Comme l’indique le titre, Vuillard trouve le motif de ce grand paysage champêtre à l’Étang-la-Ville, dans l’Ouest parisien. Il connaissait bien ce village, alors niché dans une campagne luxuriante où il séjourna l’été, en 1899 et 1900, auprès de son ami le peintre Ker-Xavier Roussel et de sa femme Marie, sa sœur aînée. Au cours de ses promenades dans les environs il découvre de larges points de vue sur la nature d’où naît son intérêt pour le paysage panoramique qu’il va introduire dans sa peinture à vocation décorative. Les panneaux Les Premiers fruits et La Fenêtre sur les bois peints en 1899 pour un hôtel parisien (aujourd’hui au Noton simon Museum of art à Pasadena) témoignent de cette évolution. Inachevé, le panneau de Beauvais est datable de la même période, la plus créatrice de l’artiste.
À partir de 1892 Vuillard travaille comme créateur de décors pour le théâtre. Il s’initie à l’emploi de la peinture à la colle (pigments en poudre mêlés à de la colle, puis dilués dans l’eau chaude). Ce médium devient son favori, car il sèche vite, offre un aspect mat et doux et permet les superpositions, qui caractérisent son style. Il l'utilise aussi pour la peinture décorative d’intérieur.
Dans La Maisonnette à l'Étang-la-Ville, l’agencement des motifs n’est pas régi par la perspective traditionnelle du point de fuite mais par plans successifs, comme dans les estampes japonaises. L’aspect décoratif est accentué par le caractère ornemental des arabesques de la branche d’arbre d’un modernisme « avant » Matisse. Elle couronne la composition déployée sur le fond bleu du ciel. Les verts modulés par touches juxtaposées, dessinant un réseau de feuillages et d’herbe drue, chantent autour du buisson central jaune vif. Seul le pignon de la maison, à peine esquissé, forme une tâche indistincte rejointe par le chemin oblique où se dessine la silhouette très « vuillard » d’un enfant en tablier long à carreaux.
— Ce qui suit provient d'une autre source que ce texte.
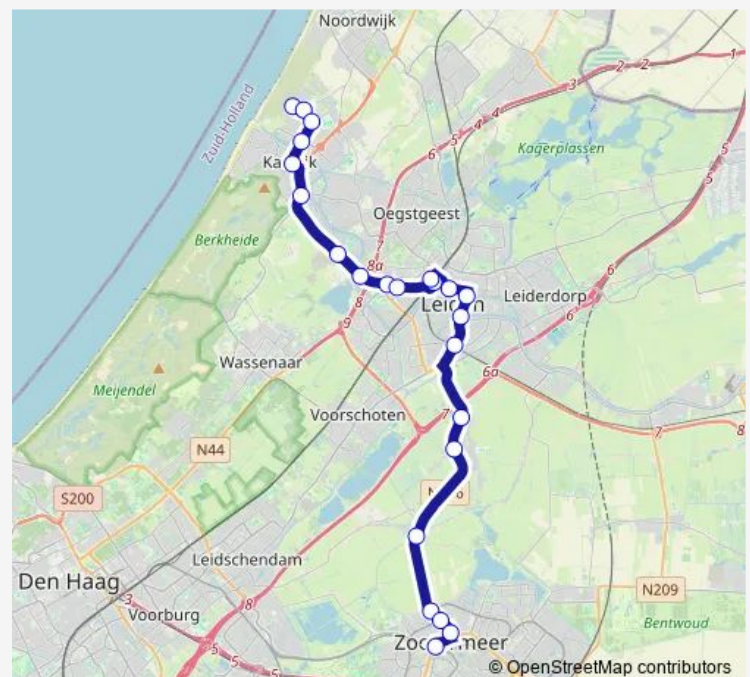

Leiden, Leiden CS Westzijde

Leiden, Energiepark

Leiden, Pelikaan

Leiden, Hogewoerd

Leiden, Station Lammenschans

Zoeterwoude, A4 P+R

Zoeterwoude, Dorp

Stompwijk, Stompwijk

### Route schedule

Noordwijk, ESA Estec — Zoetermeer, Centrum West

Monday 05:02-23:58

Tuesday 05:02-23:58

Wednesday 05:02-23:58

Thursday 05:02-23:58

Friday 05:02-23:58

Saturday 06:01-00:27<sup>+1</sup>

### Route info

Direction: Noordwijk, ESA Estec

Stops: 23

Trip Duration: 1 hour 1 min

400 — Katwijk ESA/Estec - Zoetermeer

BusMaps

Zoetermeer, Woonhart

Zoetermeer, Centrum West

## Direction

Zoetermeer, Centrum West — Noordwijk, ESA Estec

23 stops

[Open route schedule](#)

Zoetermeer, Centrum West

Zoetermeer, Woonhart

Zoetermeer, Binnenpark

Zoetermeer, Meerpolder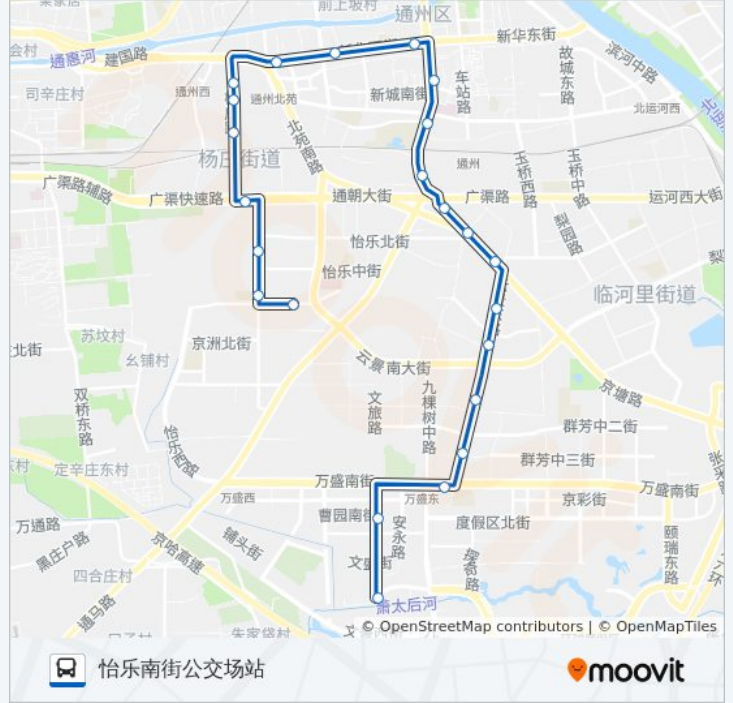

### 公交372的信息

方向: 怡乐南街公交场站

站点数量: 23

行车时间: 54 分

途经站点:

# 怡乐南街公交场站

## 方向: 通州古玩城

23 站

[查看时间表](#)

- 怡乐南街公交场站
- 通州半壁店
- 北探小区
- 李老新村
- 通州杨庄
- 新华联锦园
- 通州杨庄北口
- 通州北苑路口东
- 通州西门路口东
- 西大街路口西
- 通州佟麟阁大街
- 潞河医院
- 果园环岛北
- 果园环岛东
- 九棵树
- 杨家洼路口南
- 云景东路
- 云景里

## 公交372的信息

方向: 通州古玩城

站点数量: 23

行车时间: 53 分

途经站点: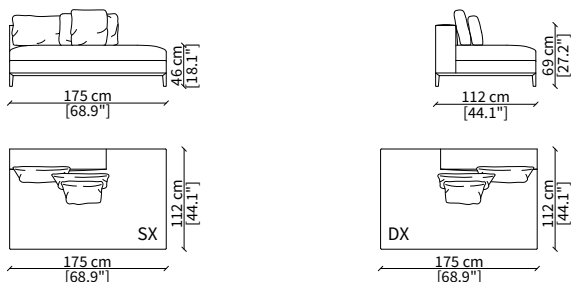

cod. 13017

Elemento 175 cm / Element 175 cm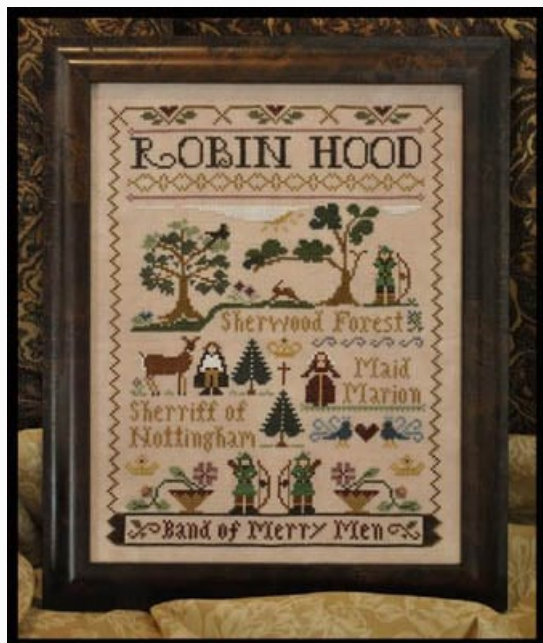

Esquemas Punto de Cruz

Robin Hood

da: Little House Needleworks

Modello: SCHHOF10-1413

Robin Hood
Puntos 125X172

Precio: € 12.48 (incl. IVA)

Lista dei Materiali: nella pagina successiva è presente la lista dei materiali necessari per la realizzazione.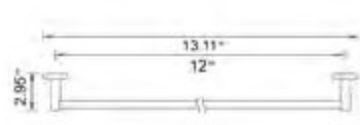

Chrome	Brushed Nickel	Matte Black
V67023	V67024	V67025

Pivot Toilet Paper Holder
Porte-papier hygiénique pivotant

Chrome	Brushed Nickel	Matte Black
V67073	V67074	V67075

12" Towel Bar
Porte-serviettes 12"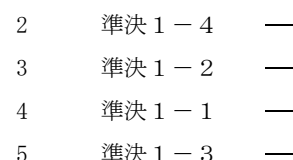

【 115 】 13:40

【 116 】 13:48

【 117 】 13:56

【 118 】 14:04

5～8位決定 (30日)

【 136 】 8:56

決勝 (30日)

【 148 】 11:06

敗者復活以降の組合せの説明
予1-1 予選順位1位のタイム順1位
敗1-1 敗復順位1位のタイム順1位
準決1-1 準決勝順位1位のタイム順1位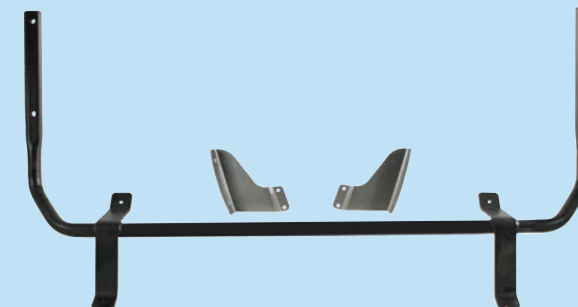

(cm)

extra

**075/415 kit** 504074032  
504074031  
**075/416** d-rh-rechts 504074031  
**075/417** s-lh-links 504074032

**075/480** 504067744  
tetto alto | high roof | hohes Dach

**075/485** 504061726  
tetto basso | low roof | niedriges Dach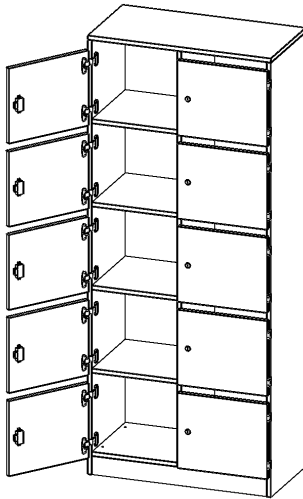

## SCHLISSFACHSCHRANK, 5 ORDNERHÖHEN - SERIE EVO180

B/H/T: 80X190X40 CM, 10 SCHLISSFÄCHER, MIT BRIEFSCHLITZ, MIT SOCKEL (81 MM)

### PRODUKTBESCHREIBUNG

Die evo180 Schließfach Schränke in verschiedenen Höhen, Breiten und Varianten sind ein Kernstück unseres evo180 Schrankwandprogrammes. Die Rückwand ist als Sichrückwand ausgeführt, dementsprechend eignen sich alle evo180 Einzelschränke oder Schrankwände auch als Raumteiler.

Die Schließfächer sind mittels Schloss abschließbar und wahlweise mit komplett geschlossener Frontblende oder verkürzter Frontblende erhältlich. Dank der verkürzten Frontblende können Briefe und Informationen in das geschlossene Fach eingeworfen werden. Bitte treffen Sie Ihre Auswahl bei der Bestellung.

### Zubehör

Freistehend

Artikelnummer	F8045SFB	
Breite / Höhe / Tiefe	800 mm / 1900 mm / 400 mm	31.5" / 74.8" / 15.7"
Gewicht	81,5 kg	179.7 lbs
Ordnerhöhen	5	
Fächer	10	
Montageart	Freistehend	
Einsatzbereich	Grundschule, Weiterführende Schule, Büro und Objekt, Konferenzraum	
Material	Melaminplatte	
Bauart	Abschließbar	
Sicherheitshinweise	Achtung Kippgefahr	
Produktlinie	evo180	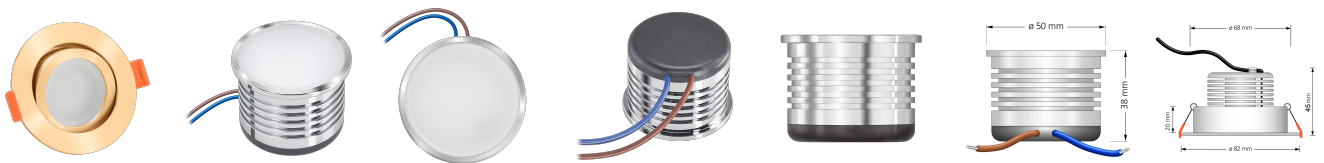

Produktdatenblatt

luxvenum

Produktinformationen

Name	LED-Einbauleuchte 230V ohne Trafo 45mm flach DIMMBAR & 90 CRI 7W statt 80W 120° Milchglas Aluminium gold rund
Artikelnummer	FR-GOGO-AC7W-120
Kategorien	Innenbeleuchtung, Flache Einbauleuchten, Dimmbare Einbauleuchten, Smart Home, Einbauleuchten, Einbauleuchten

Produktfotos

Hersteller

Name	luxvenum LED GmbH
Weblink	www.luxvenum.com
Adresse	Am Kreisel West 12, 56814 Faid, Deutschland
WEEE-Reg.-Nr.:	DE 12732366

Technische Daten

Gesamtmaße	82x82x45mm
Lochanschnitt Ø	68-78mm
Spannung (V)	AC 230V (ohne Trafo)
Leistung (W)	7W
Glühbirnenersatz	80W
Dimmbarkeit	Ja
Abstrahlwinkel	120° Milchglas
Lichtleistung	2700K → 420 Lumen, 3000K → 440 Lumen, 4000K → 460 Lumen
Lichtfarbtemperatur (K)	2700K, 3000K, 4000K
Farbwiedergabe (CRI / Ra)	CRI/Ra 90
Schutzklasse (IP)	IP20
Mittlere Lebensdauer	35.000 Std.
Schwenkbar	Ja
Material	Aluminium
Sockel	ultra flach

Form	rund
Schaltzyklen	> 15.000
Anlaufzeit	< 1,00 Sek.
Zündzeit	< 0,5 Sek.
Farbe	gold
Farbkonsistenz	< 6 SDCM
Energieeffizienzklasse	G
Marke / Hersteller	Luxvenum
Herstellergarantie	4 Jahre

EU Energielabels

Pour Vuillard et ses amis du groupe des Nabis, « le tableau est essentiellement une surface plane recouverte de couleurs en un certain ordre assemblées », selon la célèbre formule de Maurice Denis. Plus qu’un morceau de nature, La Maisonnette à L’Etang-la-Ville est une interprétation en deux dimensions (comme un papier peint ou, plus encore, une tapisserie) d'un paysage que le peintre reconstruit en atelier, en respectant le jeu des harmonies dans la couleur, la forme et l’arabesque.